In spring 2018, the couple appeared in a Google Duo commercial continuing the joke. There, Legend appeared in Arthur’s iconic yellow sweater.
“Arthur!” Teigen yelled in between giggles about her husband’s yellow sweater, white button-down shirt and blue pants.
“Who’s Arthur?” replied Legend, seemingly clueless that he was stealing the animated character’s look.
Arthur came to a conclusion in February 2022, after 25 seasons. Screenwriter Kathy Waugh developed the series based on the books by Marc Brown, with the first episode premiering on Oct. 10, 1996. The show is the longest-running children’s animated series in the U.S. Through its conclusion, it was the second-longest-running animated series in the country, behind The Simpsons
In 2019, Brown told PEOPLE that the hit show succeeded through the years because its producers always found new ways to expand the minds of its viewers.
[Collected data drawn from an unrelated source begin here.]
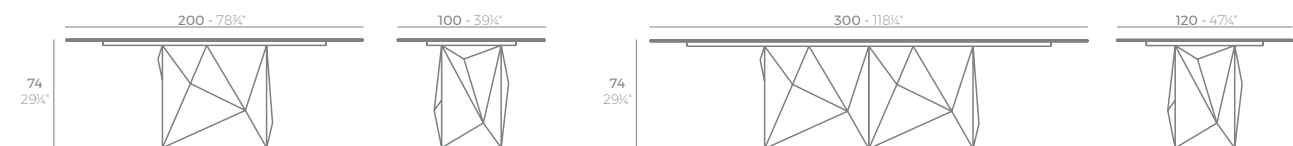

FAZ

FAZ Mesa 200 x 100
FAZ Dining Table 78¼" x 39¼"

FAZ Mesa XL 300 x 120
FAZ Dining Table XL 118¼" x 47¼"

	Basic Básico	Lacquered Lacado	White Led Cab. Led Blanco Cab.	RGBW Led Cab. Led RGBW Cab.	RGBW Led Batt. Led RGBW Bat.	RGBW Led DMX Cab. Led RGBW DMX Cab.	RGBW Led DMX Batt. Led RGBW DMX Bat.
HPL Black Edge Dining Table 78¼" x 39¼" Mesa 200 x 100	54016	54016F	54016W	54016L	54016Y	54016D	54016DY
HPL Borde Negro Dining Table XL 118" x 47¼" Mesa XL 300 x 120	54017	54017F	54017W	54017L	54017Y	54017D	54017DY
HPL White Edge Dining Table 78¼" x 39¼" Mesa 200 x 100	54016B	54016FB	54016WB	54016LB	54016YB	54016DB	54016DYB
HPL Borde Blanco Dining Table XL 118" x 47¼" Mesa XL 300 x 120	54017B	54017FB	54017WB	54017LB	54017YB	54017DB	54017DYB
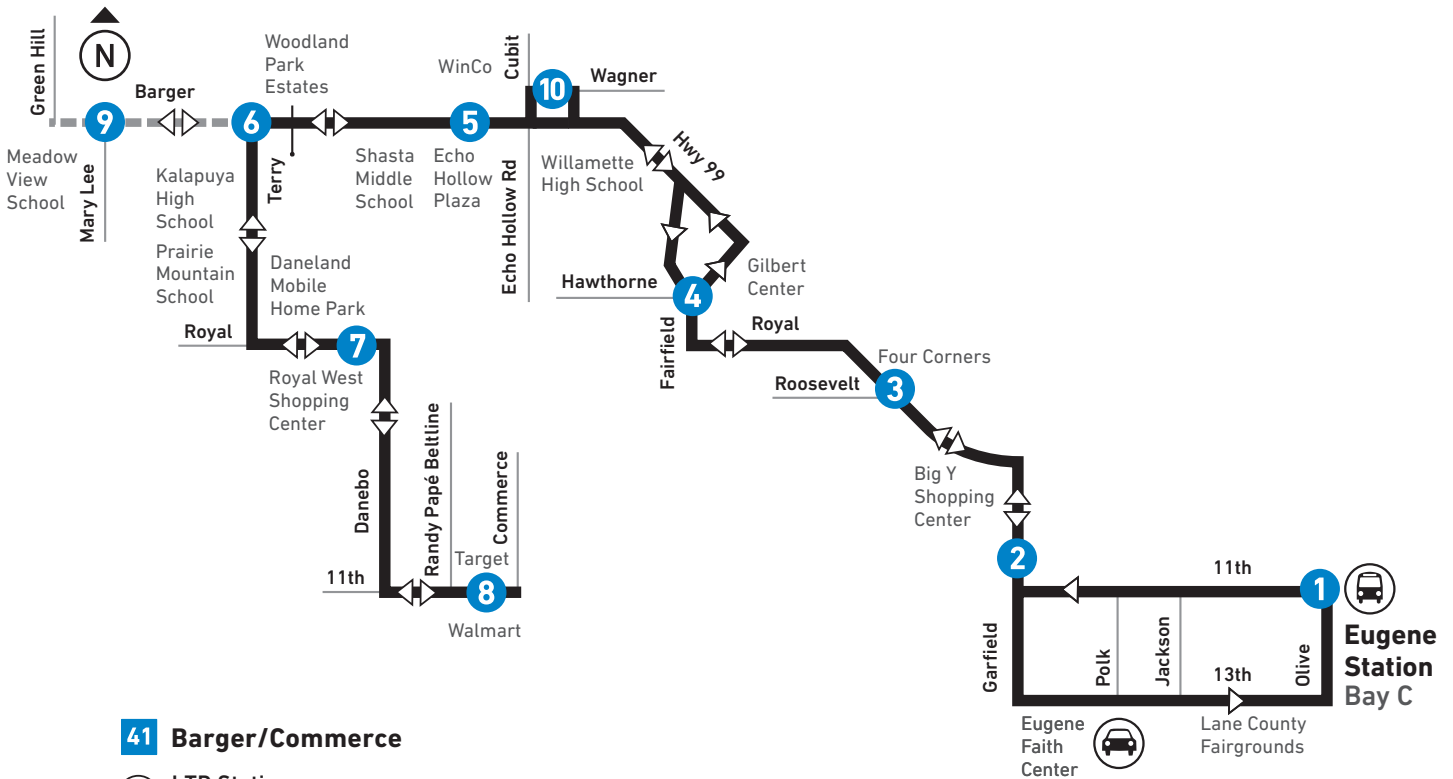

41 Barger/Commerce

-  LTD Station
Estación de LTD
-  LTD Park & Ride
-  Limited-trip routing
Viajes limitados
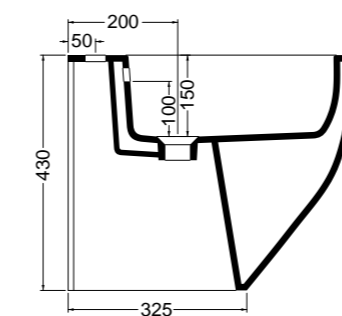

33020 bidet a terra_BTW bidet
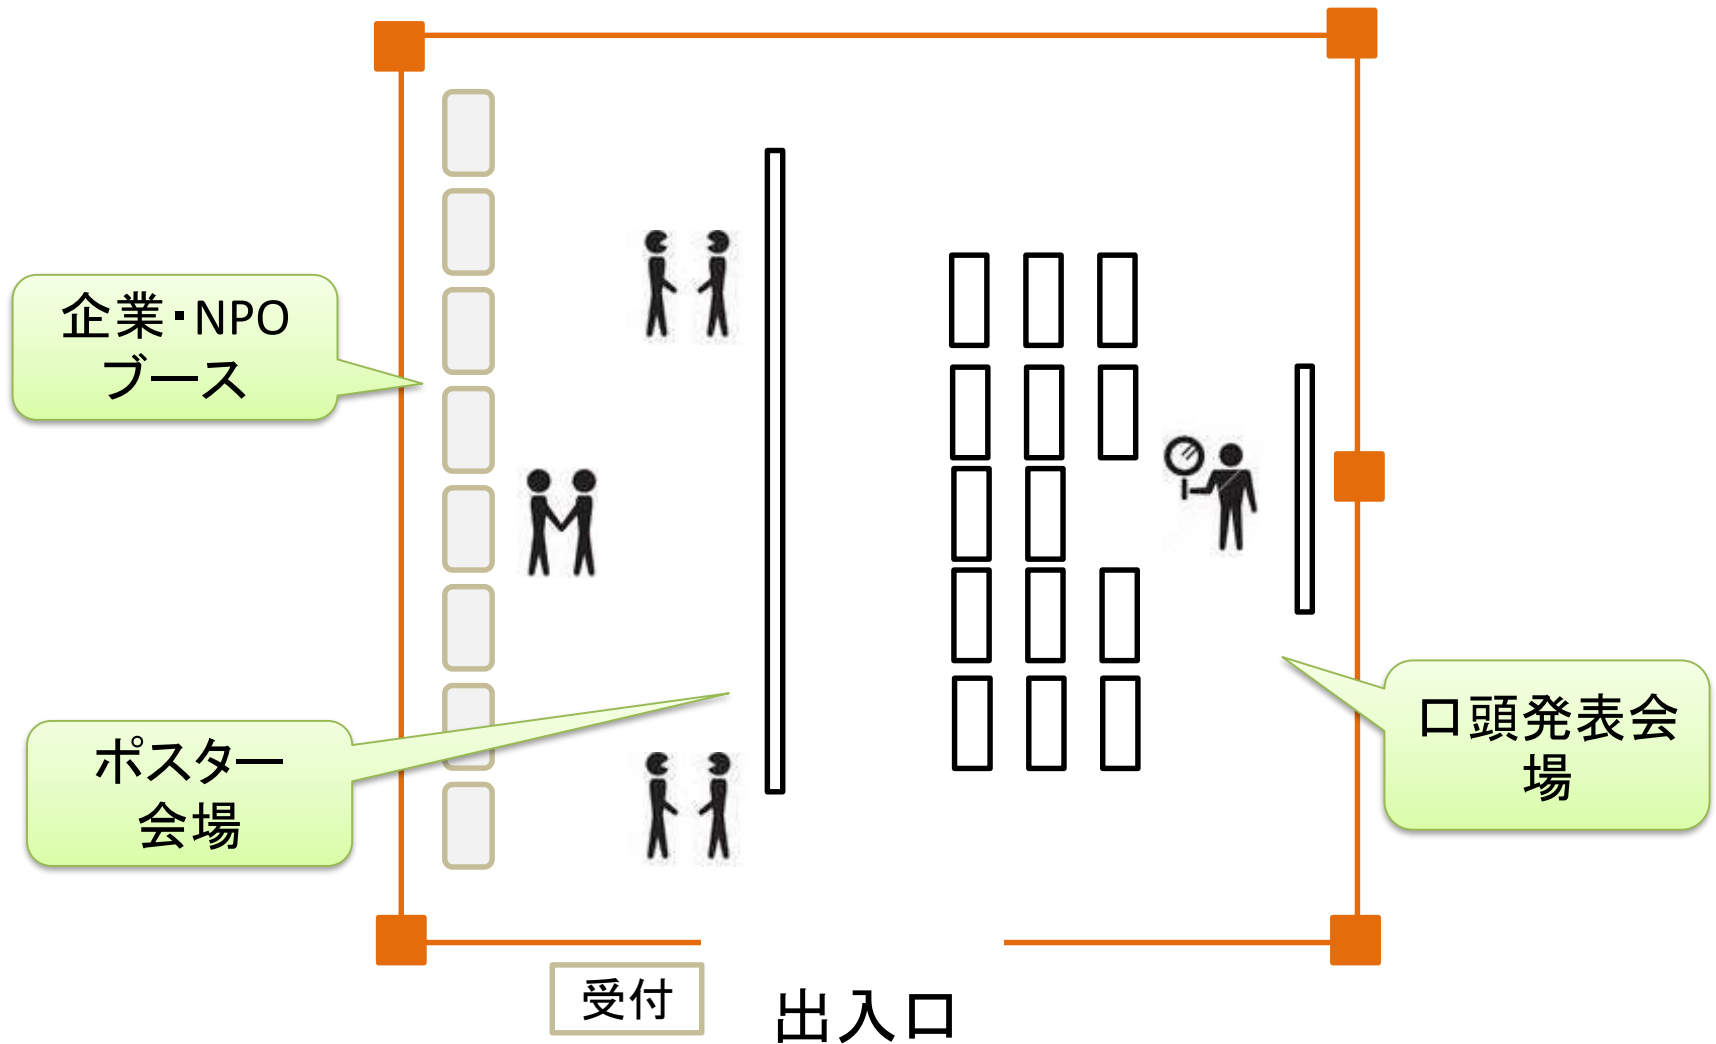

日本臨床環境医学会 第29回学術集会

2020年6月27・28日
東海大学湘南キャンパス
テーマ：人と環境のネクサス

ネクサスホール(17号館)

アクセス

<宿泊施設>
伊勢原、本厚木、秦野、鶴巻温泉 など
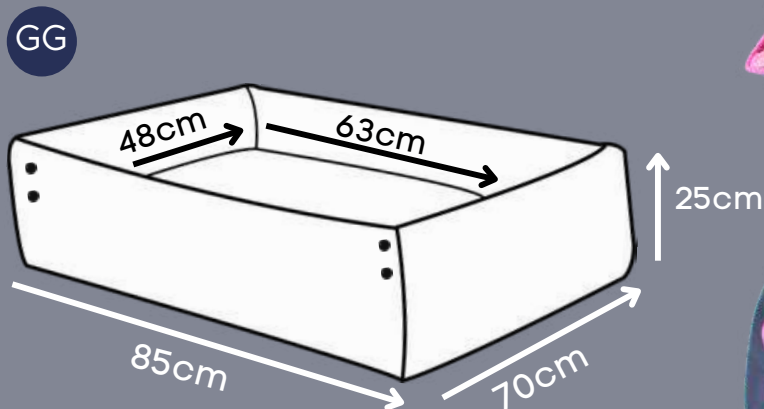

Zíper para remoção da capa

*Tecido macio ao toque, enchimento anti-alérgico que não retém umidade.

CONSULTE VALOR
PROMOCIONAL
P/ ESTE ITEM

CAMA MONTANA

Azul, Rosa

Botão que possibilita a
abertura frontal

Zíper para remoção da capa
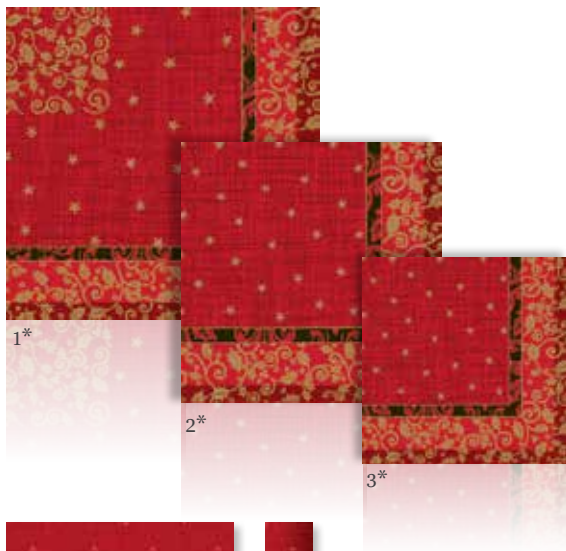

Christmas Dream

Pack EAN 732101 Karton EAN 732103

1	163811 6	(12 St.)	163811 0	(12 Pack/Krt.)	Dunilin®-Servietten, 40 x 40 cm
2	163787 4	(20 St.)	163787 8	(12 Pack/Krt.)	Tissue-Servietten, 33 x 33 cm, 3-lagig
3	163780 5	(20 St.)	163780 9	(12 Pack/Krt.)	Tissue-Servietten, 24 x 24 cm, 3-lagig
4	163832 1	(1 St.)	163832 5	(8 Pack/Krt.)	Dunicel® 3 in 1, 0,4 x 4,8 m, alle 40 cm perforiert
5	163819 2	(1 St.)	163819 6	(10 Pack/Krt.)	Dunicel®-Mitteldecken, 84 x 84 cm
6	163827 7	(1 St.)	163827 1	(5 Pack/Krt.)	Dunicel®-Tischdecken, 138 x 220 cm
7	163817 8	(1 St.)	163817 2	(6 Pack/Krt.)	Dunicel®-Tischdeckenrolle, 1,20 x 5 m
8	163859 8	(1 St.)	163859 2	(8 Pack/Krt.)	Dunicel®-Tischläufer, 0,15 x 10 m
9	181218 9	(1 St.)	181218 3	(10 Pack/Krt.)	Stumpfenkerzen, rot, 6 x 13 cm, 30h
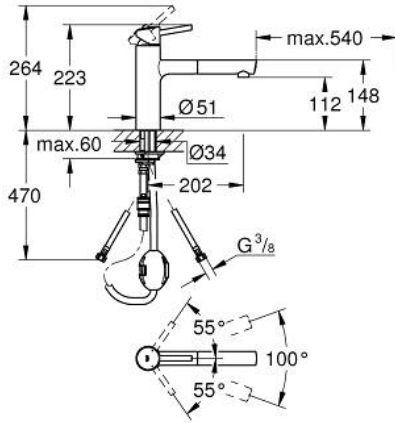

31 129 001 CONCETTO TEK KUMANDALI EVİYE BATARYASI

ÜRÜN AÇIKLAMASI

- Renk: krom
- orta yüksek çıkış ucu
- GROHE LongLife kaplama
- GROHE SilkMove 35 mm seramik kartuş
- Pull-Out spout for greater flexibility
- ayarlanabilir akış limitleyici
- döner çıkış ucu
- hareket eksenli 100°
- entegre çek valf
- spiral bağlantı hortumları
- hızlı montaj sistemi
- maximum flow rate (at 3 bar): 7.5 l/min

31 129 001 **CONCETTO TEK KUMANDALI EVİYE BATARYASI**

YEDEK PARÇALAR, Mayıs 2024 – now

- 1: Kumanda Kolu (Sipariş no. 46822000)
- 2: Kapak (Sipariş no. 46492000)
- 3: vida halkası (Sipariş no. 46815000)
- 4: Kartuş (Sipariş no. 46374000)
- 5: çıkış duşu (Sipariş no. 48532000)
- 5.1: Perlatör (Sipariş no. 06574000)
- 5.1.1: Perlatör için değiştirme kiti M22x1 ve M24x1 (Sipariş no. 45002000)
- 5.2: Çek-valf (Sipariş no. 08565000)
- 6: shower hose (Sipariş no. 48293000)
- 7: Conta kiti (Sipariş no. 46760000)
- 8: Vida bağlantılı montaj (Sipariş no. 46346000)
- 8.1: Stop (Sipariş no. 04174000)
- 9: Destek plakası (Sipariş no. 05334000)
- 10: çabuk bağlantı (Sipariş no. 46338000)
- 11: Soket anahtarı (Sipariş no. 19332000)*

“When we began Arthur 22 years ago, the agenda we began with was to make children want to read. And it worked!” the author said at the time. “So each year, the writers and the producers sit down to decide what kind of subject matter we want to deal with. After 22 years you think, ‘We’ve done it all!’ Yet, here was another opportunity! It sill excites me that we can come up with stories that are going to be interesting and helpful to children.”